DATA LINKING VALIDATION
LINKING ANALYSIS:
Unique beneficiaries in inpatient claims: 37,780
Unique beneficiaries in 2008 summary: 116,352

LINKING SUCCESS RATES:
Inpatient beneficiaries found in 2008 summary: 37,780 (100.0%)
Inpatient beneficiaries found in 2009 summary: 37,648 (99.7%)
Inpatient beneficiaries found in 2010 summary: 37,298 (98.7%)

✓ All inpatient beneficiaries found in beneficiary summary files


### Block 12: Save Processed Files

In [107]:
# Save processed files
processed_path = "data/processed/"
os.makedirs(processed_path, exist_ok=True)

print("SAVING PROCESSED FILES")
print("="*30)

# Save beneficiary files
df_ben_2008.to_csv(f"{processed_path}beneficiary_2008_processed.csv", index=False)
df_ben_2009.to_csv(f"{processed_path}beneficiary_2009_processed.csv", index=False)
df_ben_2010.to_csv(f"{processed_path}beneficiary_2010_processed.csv", index=False)

# Save inpatient file
df_inpatient.to_csv(f"{processed_path}inpatient_claims_processed.csv", index=False)
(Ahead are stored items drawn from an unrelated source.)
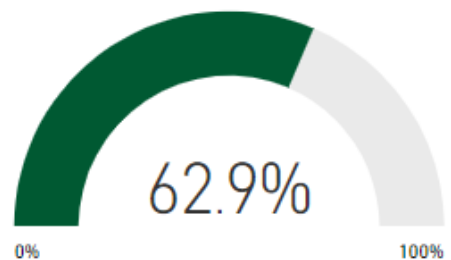

Milestones Proficient+ Overall-2018

CCRPI Score 2018

84.8

Climate Star Rating 2018

Milestones Math Proficient+ 2018

Financial Efficiency Star Rating 2018

CCRPI Component Performance 2018

Turnaround School? 2018
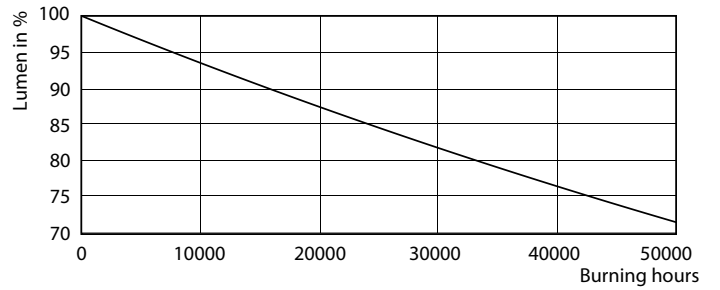

Photometric data

MASTER LEDtube InstantFit HF T5

Photometric data

Lifetime

LEDtube 1200mm 26W G5 3900lm

LEDtube 1200mm 26W G5 3900lm

MASTER LEDtube InstantFit HF T5

Lifetime
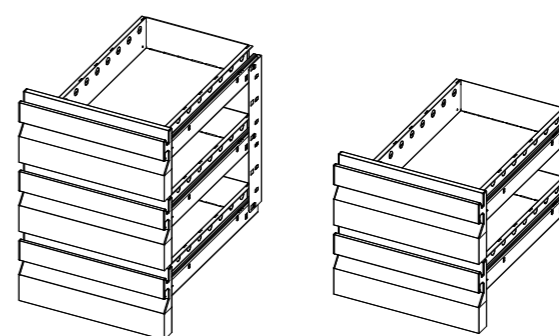

KIT CAJONES 1/3
DRAWERS KIT 1/3
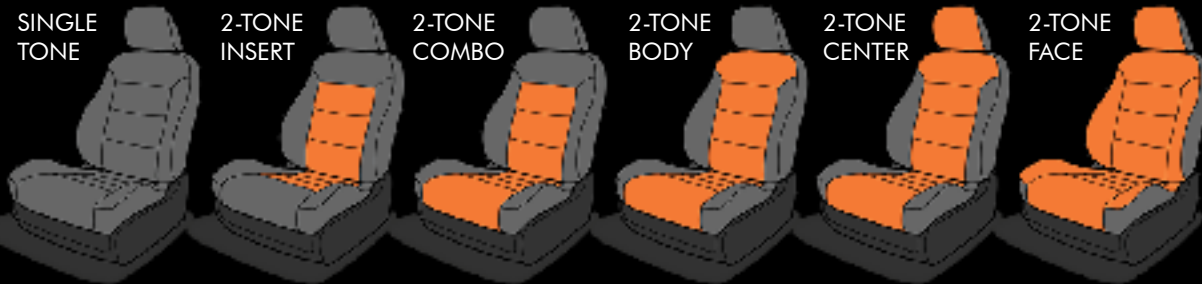

INTÉRIEURS EN CUIR

CUSTOM EMBROIDERY
$400 (PER PAIR)

DOUBLE DIAMOND
STITCH

SINGLE DIAMOND
STITCH

BARRACUDA
PERFORATED DUO-TONE >dc400

print("✓ beneficiary_2008_processed.csv")
print("✓ beneficiary_2009_processed.csv") 
print("✓ beneficiary_2010_processed.csv")
print("✓ inpatient_claims_processed.csv")
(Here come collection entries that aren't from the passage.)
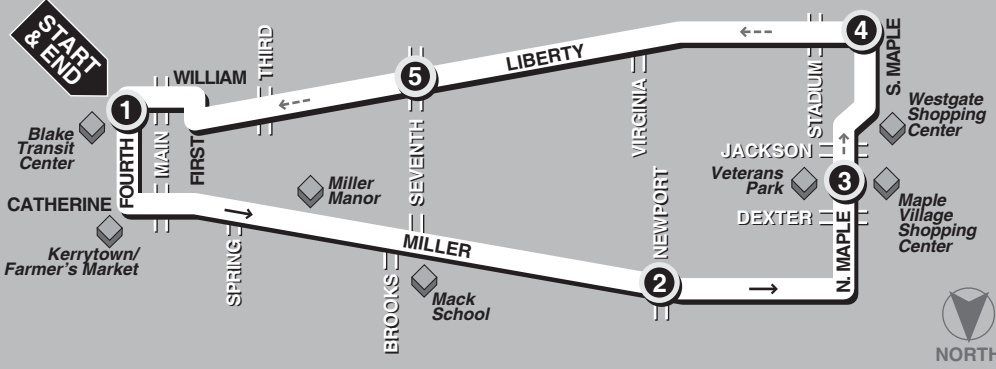

1
BUS STARTS AT
Blake Transit
Center

2
Bus arrives at
Miller &
Newport

3
Bus arrives at
Maple Village

4
Bus arrives at
Liberty &
S. Maple

5
Bus arrives at
Liberty &
Seventh

1
BUS ENDS AT
Blake Transit
Center

WEEKDAY SCHEDULE

	1	2	3	4	5	1
A.M.	—	—	—	6:35	6:38	6:45
	6:48	6:54	7:00	7:05	7:08	7:15
	7:18	7:24	7:30	7:35	7:38	7:45
	7:48	7:54	8:00	8:05	8:08	8:15
	8:18	8:24	8:30	8:35	8:38	8:45
	8:48	8:54	9:00	9:05	9:08	9:15
	9:18	9:24	9:30	9:35	9:38	9:45
	9:48	9:54	10:00	10:05	10:08	10:15
	10:18	10:24	10:30	10:35	10:38	10:45
	10:48	10:54	11:00	11:05	11:08	11:15
	11:18	11:24	11:30	11:35	11:38	11:45
	11:48	11:54	12:00	12:05	12:08	12:15
P.M.	12:18	12:24	12:30	12:35	12:38	12:45
	12:48	12:54	1:00	1:05	1:08	1:15
	1:18	1:24	1:30	1:35	1:38	1:45
	1:48	1:54	2:00	2:05	2:08	2:15
	2:18	2:24	2:30	2:35	2:38	2:45
	2:48	2:54	3:00	3:05	3:08	3:15
	3:18	3:24	3:30	3:35	3:38	3:45
	3:48	3:54	4:00	4:05	4:08	4:15
	4:18	4:24	4:30	4:35	4:38	4:45
	4:48	4:54	5:00	5:05	5:08	5:15
	5:18	5:24	5:30	5:35	5:38	5:45
	5:48	5:54	6:00	6:05	6:08	6:15
	6:48	6:54	7:00	7:05	7:08	7:15
	7:48	7:54	8:00	8:05	8:08	8:15
	8:48	8:54	9:00	9:05	9:08	9:15
	9:48	9:54	10:00	10:05	10:08	10:15

SATURDAY SCHEDULE

A.M.	8:48	8:53	8:59	9:05	9:08	9:15
	9:48	9:53	9:59	10:05	10:08	10:15
	10:48	10:53	10:59	11:05	11:08	11:15
	11:48	11:53	11:59	12:05	12:08	12:15
P.M.	12:48	12:53	12:59	1:05	1:08	1:15
	1:48	1:53	1:59	2:05	2:08	2:15
	2:48	2:53	2:59	3:05	3:08	3:15
	3:48	3:53	3:59	4:05	4:08	4:15
	4:48	4:53	4:59	5:05	5:08	5:15
	5:48	5:53	5:59	6:05	6:08	6:15

SUNDAY SCHEDULE

A.M.	8:48	8:53	8:59	9:03	9:05	9:15
	9:48	9:53	9:59	10:03	10:05	10:15
	10:48	10:53	10:59	11:03	11:05	11:15
	11:48	11:53	11:59	12:03	12:05	12:15
P.M.	12:48	12:53	12:59	1:03	1:05	1:15
	1:48	1:53	1:59	2:03	2:05	2:15
	2:48	2:53	2:59	3:03	3:05	3:15
	3:48	3:53	3:59	4:03	4:05	4:15
	4:48	4:53	4:59	5:03	5:05	5:15
	5:48	5:53	5:59	6:03	6:05	6:15
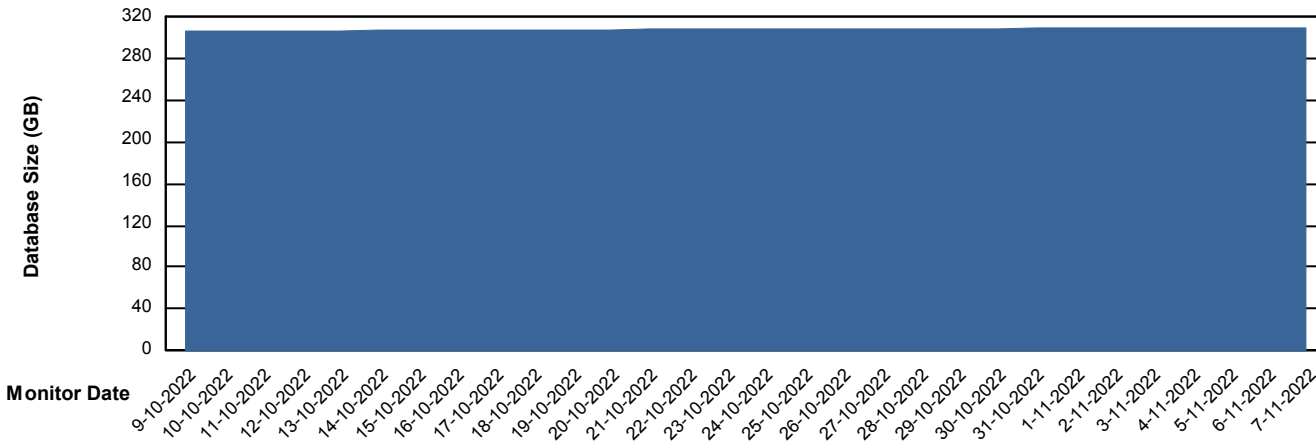

DATABASE SIZE CLODB_PRD_CLO-ORA01

Database growth over last month

# Also save as parquet for faster loading
df_ben_2008.to_parquet(f"{processed_path}beneficiary_2008_processed.parquet")
df_ben_2009.to_parquet(f"{processed_path}beneficiary_2009_processed.parquet")
df_ben_2010.to_parquet(f"{processed_path}beneficiary_2010_processed.parquet")
df_inpatient.to_parquet(f"{processed_path}inpatient_claims_processed.parquet")

print("✓ Parquet files saved for faster loading")

SAVING PROCESSED FILES
✓ beneficiary_2008_processed.csv
✓ beneficiary_2009_processed.csv
✓ beneficiary_2010_processed.csv
✓ inpatient_claims_processed.csv
✓ Parquet files saved for faster loading


### Code Block 13: Final Summary

In [108]:
# Final summary
print("\n" + "="*50)
print("DATA LOADING SUMMARY")
print("="*50)

print(f"FILES SUCCESSFULLY LOADED: 4/4")
print(f"├── Beneficiary 2008: {df_ben_2008.shape[0]:,} records")
print(f"├── Beneficiary 2009: {df_ben_2009.shape[0]:,} records") 
print(f"├── Beneficiary 2010: {df_ben_2010.shape[0]:,} records")
print(f"└── Inpatient Claims: {df_inpatient.shape[0]:,} records")

print(f"\nKEY STATISTICS:")
print(f"├── Total beneficiaries (2008): {df_ben_2008['DESYNPUF_ID'].nunique():,}")
print(f"├── Beneficiaries with inpatient claims: {df_inpatient['DESYNPUF_ID'].nunique():,}")
print(f"├── Total inpatient admissions: {df_inpatient.shape[0]:,}")
print(f"└── Average claims per patient: {df_inpatient.shape[0] / df_inpatient['DESYNPUF_ID'].nunique():.1f}")

print(f"\nNEXT STEPS:")
print(f"├── Ready for Notebook 2: Data Combination & Preprocessing")
print(f"├── Combine beneficiary files across years")
print(f"├── Create 30-day readmission target variable")
print(f"└── Begin feature engineering")

print(f"\n✓ Phase A Complete - Data Loading Successful!")


DATA LOADING SUMMARY
FILES SUCCESSFULLY LOADED: 4/4
├── Beneficiary 2008: 116,352 records
├── Beneficiary 2009: 114,538 records
├── Beneficiary 2010: 112,754 records
└── Inpatient Claims: 66,773 records

KEY STATISTICS:
├── Total beneficiaries (2008): 116,352
├── Beneficiaries with inpatient claims: 37,780
├── Total inpatient admissions: 66,773
└── Average claims per patient: 1.8

NEXT STEPS:
├── Ready for Notebook 2: Data Combination & Preprocessing
├── Combine beneficiary files across years
├── Create 30-day readmission target variable
└── Begin feature engineering

✓ Phase A Complete - Data Loading Successful!